As Nick suggested on the night, possibly that’s down to the images and atmospheres the songs evoke (the image on the album sleeve is almost exactly the image Basho’s music conjures up). The record transports the listener – perhaps to another (better?) place, almost certainly to a simpler time, perhaps a time we all yearn for where we are closer to our natural environment; where we would be more likely to take notice of the beauty of a flower or a waterfall or a deer; where there is time and space and, ironically, silence. Whilst this may sound like hippy dippy shit, Visions Of The Country avoids all those trappings by mining the source and in the process it sounds like it has always been there, just like the mountains, lakes and streams it so exquisitely evokes.

Rob listened: Blimey.

One of the beautiful things about record club, some of the most memorable, tangible moments, come when some record or other, and it’s almost impossible to predict which ones, just end up captivating us. We’re extremely capable of talking over almost anything, quiet or loud, long or short, insistent or passive, but every so often an album just captivates us. So it was with ‘Visions of the Country’. It could have passed us by. We could have been non-plussed and untouched, as we seemed to be by Tim Hecker in the previous round, as Robbie Basho also tinkled out a load of abstract, unstructured sound. But we were completely drawn in.

And yes, I was reminded of some of Will Oldham’s instrumental outings, and also some of the Derek Bailey improvised guitar stuff I’ve heard. It also reminded me of some of the abstract twinklings I like to listen to, and I also got Tom’s suggestion that it captured the same desert spirit as some of the good Captain Beefheart’s music.

But it was also wonderfully idiosyncratic and helplessly absorbing.  I’ve got a feeling I had heard of Robbie Basho before, only in that I can faintly imagine someone American saying his name in an interview.

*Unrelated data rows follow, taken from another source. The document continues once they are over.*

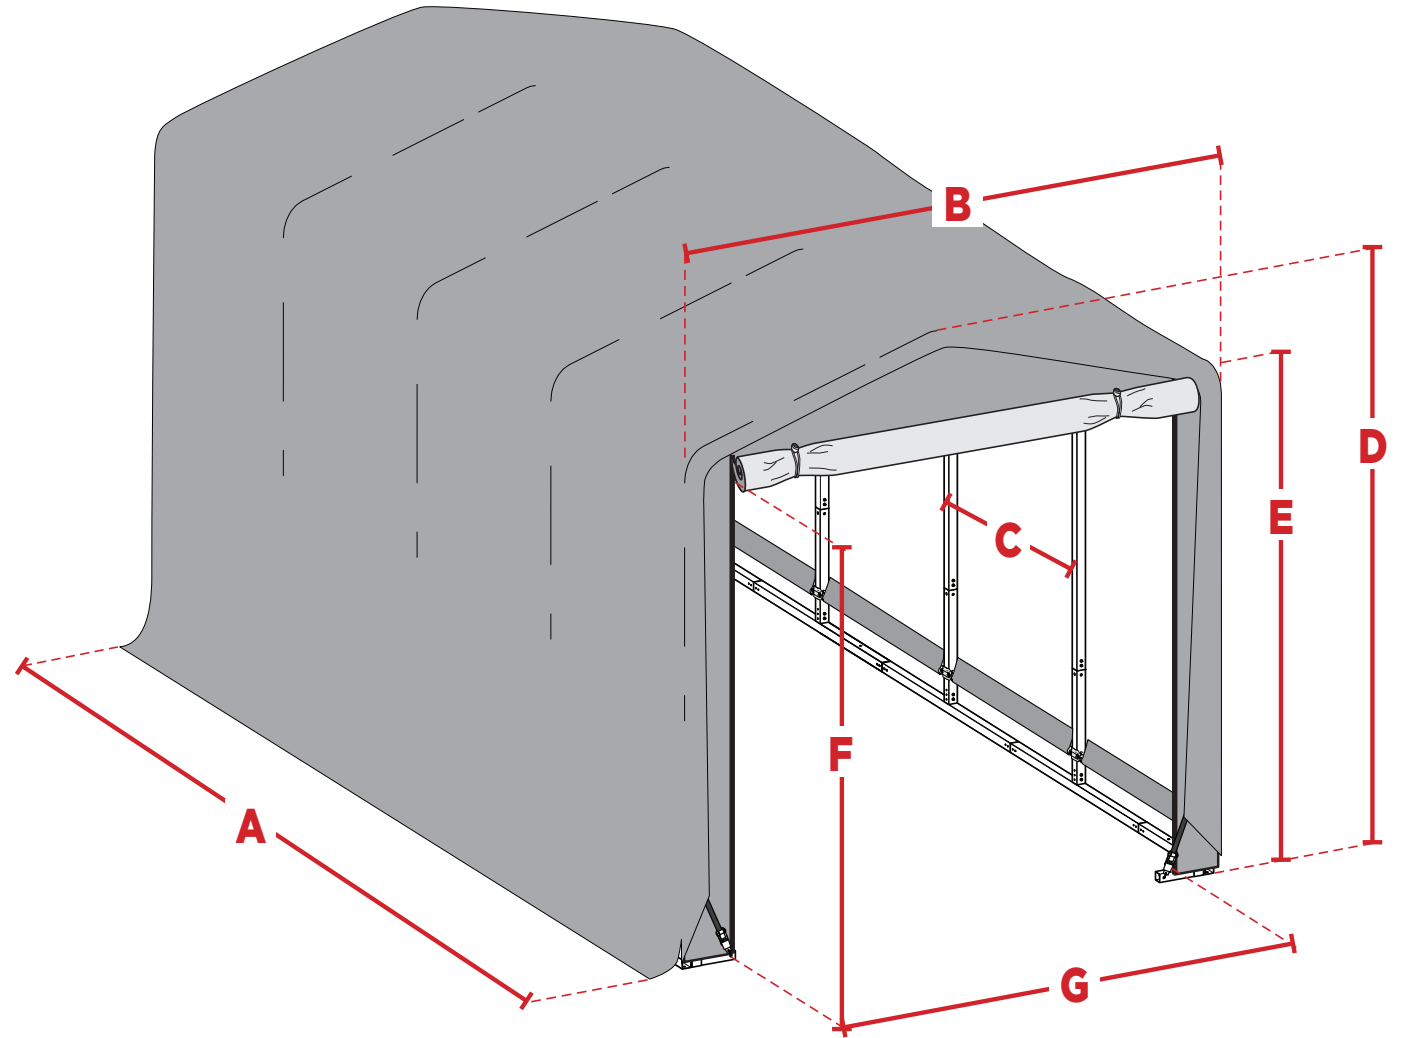

12 ft. Wide, 8 & 10 ft. High

- A. FRAME LENGTH**
(OUTSIDE TUBE TO OUTSIDE TUBE)
- B. FRAME WIDTH**
(OUTSIDE TUBE TO OUTSIDE TUBE)
- C. FRAME RIB SPACING**
(TUBE CENTER TO TUBE CENTER)
- D. OVERALL PEAK HEIGHT**
- E. FRAME EAVE HEIGHT**
- F. DOOR OPENING HEIGHT**
- G. DOOR OPENING WIDTH**

Now you can mark me down as someone actively seeking out his records. Thanks Tom, an absolute winner.

Steve listened: Blimey indeed

This was the album I talked, effused and waxed lyrical about when I got to talk about the night’s proceedings with my wife. I was most struck by the level of musicianship, and how he managed to take a 12 string guitar and play it like a sitar. This approach completely contrasts other western musicians who have embedded eastern music into a western style, almost as an add on. Here the subject and sounds seemed to blend seemlessly. Yes, thanks Tom, I will seek too.